Point being, I do okay; the Stanford budget of $65K/yr[1] would be super easy
if I could work a half-time job/half-time school; or something of that nature,
and comparing to getting accepted by Stanford[2], paying for it should be
trivial. I've talked employers into letting me work part-time before.

I guess that what I'm saying is that for a nerd, the real cost here is not
what you pay for college, it's the time off work. Now, maybe it is worth it
and maybe it is not,[3] but even when I was 18 (in 1998) I was making close to
$50K/yr.[4] Considering how everything has gone, I bet that was rather more
than Stanford charged at the time.

I mean, sure, I see that it's a problem that people pay that much for a degree
that doesn't convey a lot of privilege, but if my impression of how much
privilege is implied by a degree from a top school is correct, two or three
hundred grand for such a degree is downright cheap. We're talking like two
Teslas, and as far as I can tell, it doesn't depreciate like a car does,
unless the school falls in reputation later on.

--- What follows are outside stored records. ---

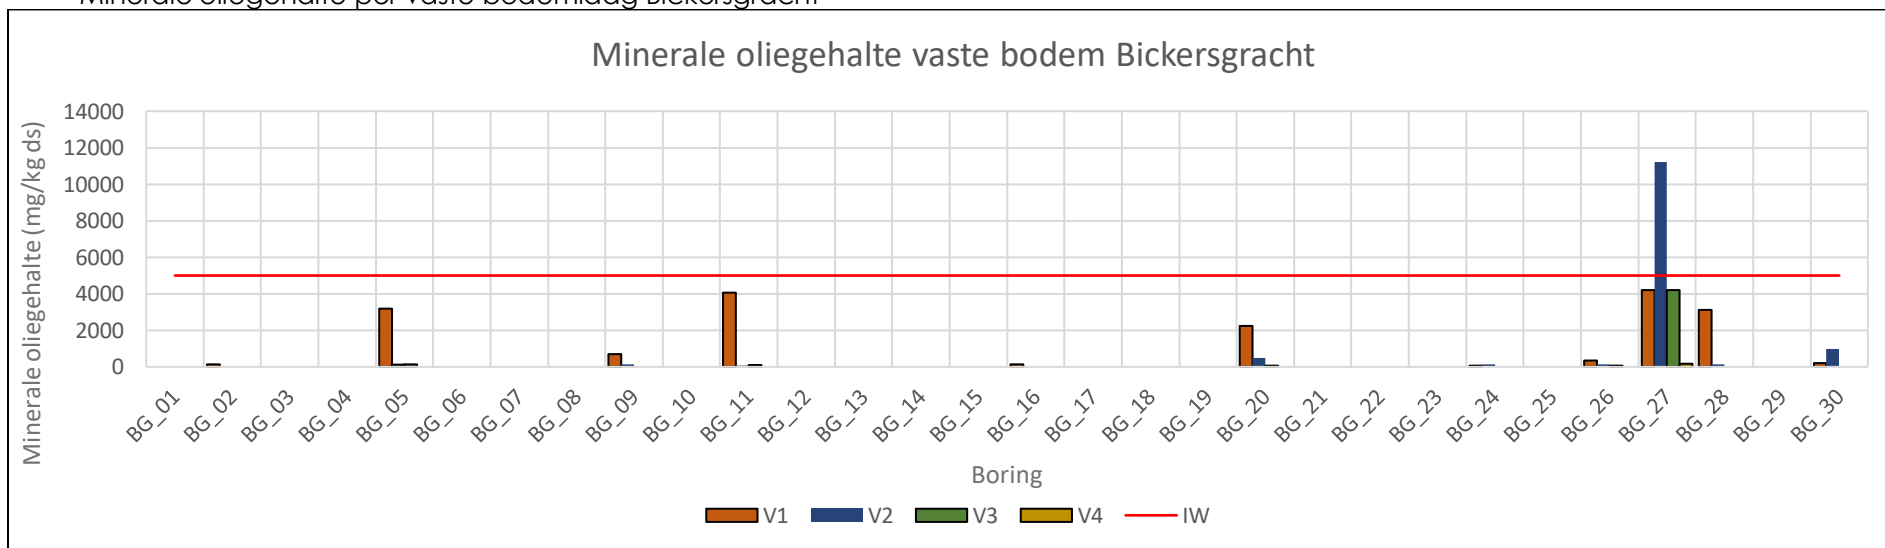

Loodgehalte per sliblaag Realengracht

Loodgehalte per vaste bodemlaag Realengracht

Zinkgehalte per sliblaag Prinseneilandgracht

Zinkgehalte per vaste bodemlaag Prinseneilandgracht

Zinkgehalte per sliblaag Bickersgracht

Zinkgehalte per vaste bodemlaag Bickersgracht

Zinkgehalte per sliblaag Realengracht

Zinkgehalte per vaste bodemlaag Realengracht

Minerale oliegehalte per sliblaag Prinseneilandgracht

Minerale oliegehalte per vaste bodemlaag Prinseneilandgracht

Minerale oliegehalte per sliblaag Bickersgracht

Minerale oliegehalte per vaste bodemlaag Bickersgracht

Minerale oliegehalte per sliblaag Realengracht

Minerale oliegehalte per vaste bodemlaag Realengracht

I don't want to make light of the problems people who work in lower-paying
fields have, and personally, I think it sounds absolutely crazy that you ask
people who are all but children to decide if they want to take out loans
without the fallback of bankruptcy, and I personally don't have a problem to
some extent subsidizing people who want "education for education's sake"
-people who want to get educated and then work in a poorly remunerated field,
but I'm just saying that as far as I can tell, at least for us nerds, if a
school can do what is says it can do[5] and you aren't capable of doing that
by yourself, at today's prices, it's a hell of a deal.

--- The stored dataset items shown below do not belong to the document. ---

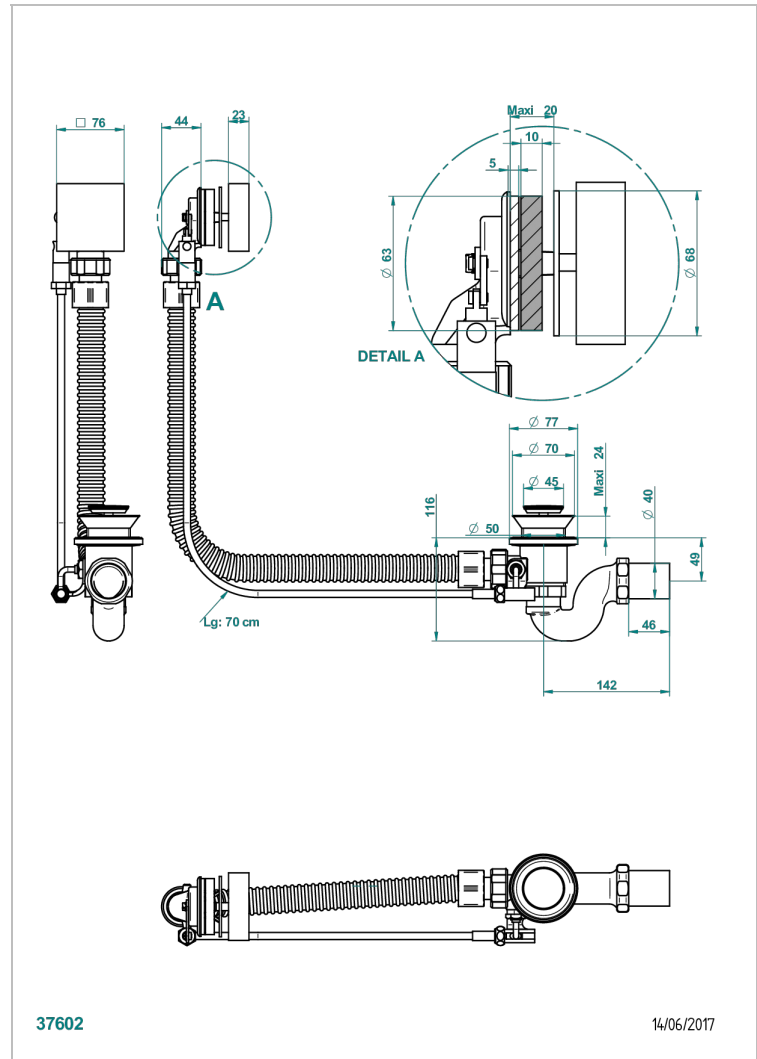

MASQUE DE FEMME SOLAIRE

A2S-300/70

Wannen Ab- und Überlaufgarnitur Kabel : 70 cm

THG[®]
PARIS

EIGENSCHAFTEN

- Masque de Femme solaire
- Wannen Ab- und Überlaufgarnitur Kabel : 70 cm

VERFÜGBARE OBERFLÄCHEN

Chrom - A02

[1][http://financialaid.stanford.edu/undergrad/budget/](http://financialaid.stanford.edu/undergrad/budget/)

[2]And qualifying for Stanford will take a lot of test prep, effort and luck
on my part. Qualifying is not anywhere near a sure thing for me; and that's
the first step. If I can't get into a top-20 type school... I'm probably not
gonna bother. My impression is that the benefits drop off pretty sharply.

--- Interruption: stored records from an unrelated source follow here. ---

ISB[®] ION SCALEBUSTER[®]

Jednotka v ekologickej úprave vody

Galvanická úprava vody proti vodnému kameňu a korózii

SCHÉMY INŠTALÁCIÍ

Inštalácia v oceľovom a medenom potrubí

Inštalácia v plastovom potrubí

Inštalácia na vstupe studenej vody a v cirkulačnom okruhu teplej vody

[3]My impression is that if I want to continue on as an individual
contributor, a degree, even a Stanford degree isn't gonna get me all that
much. I already can get pretty good individual contributor gigs. But, if I
ever want to switch fields or advance into management, a degree from a top
college would be extremely valuable.

[4]I haven't yet gone over all the tax details here; all numbers are pre-tax.
I do have an accountant, though; _if_ I manage to qualify, I will spend the
money to learn what the tax status of educational expenses are in my case.
Obviously, if you have to pay for college out of post-tax dollars, that makes
a huge difference (and makes the "work half time/school half time" bit
essential, because you earn less and pay less in taxes)

[5]The theory is that a school can take a normal person and teach them how to
do my job. Maybe this is true, maybe it's not, but _If_ you accept that as
true, then even top schools are not expensive.